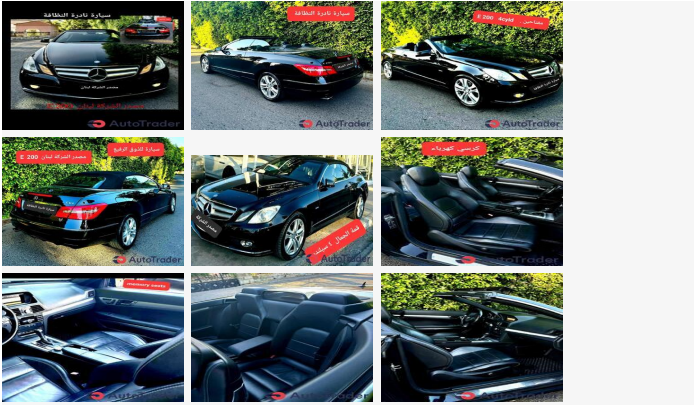

**2010 Mercedes-Benz E-Class 4**
**Price \$13,500**

**ITEM**

Item URL: <https://www.autotrader.com.lb/183428>  
 Item reference number #183428

**DEALER**

Boula  
 3307309  
 Sin El Fil, Mount Lebanon Governorate, Matn,  
 Lebanon

**DETAILS**
**Posted on :**

27/08/2024

**DESCRIPTION**

E 200 cabriolet model 2010 company source Lebanon from Tgf super clean car as new zéro fault zéro accident electric seats 2 remote Park sensors rare to found it. . . . سيارة نادرة النظافة والجمال ٤ سيلندر مصدر الشركة لبنان ولاغلطة شبه جديدة سيارة للذوق الرفيع فقط مفتاحين سيارة محترمة نقطة على السطر . السعر نهائي غير قابل للتفاوض بتانا رجاء إذا بدك تحكي بالسعر لو WhatsApp 03 307309 سمحت ما تدقلي
+===+
Work request
Copy every entry word for word, but omit the pictures.

Solution below
**2010 Mercedes-Benz E-Class 4**
**Price \$13,500**

**ITEM**

Item URL: <https://www.autotrader.com.lb/183428>  
 Item reference number #183428

**DEALER**

Boula  
 3307309  
 Sin El Fil, Mount Lebanon Governorate, Matn,  
 Lebanon

**DETAILS**
**Posted on :**

27/08/2024

**DESCRIPTION**

E 200 cabriolet model 2010 company source Lebanon from Tgf super clean car as new zéro fault zéro accident electric seats 2 remote Park sensors rare to found it. . . . سيارة نادرة النظافة والجمال ٤ سيلندر مصدر الشركة لبنان ولاغلطة شبه جديدة سيارة للذوق الرفيع فقط مفتاحين سيارة محترمة نقطة على السطر . السعر نهائي غير قابل للتفاوض بتانا رجاء إذا بدك تحكي بالسعر لو WhatsApp 03 307309 سمحت ما تدقلي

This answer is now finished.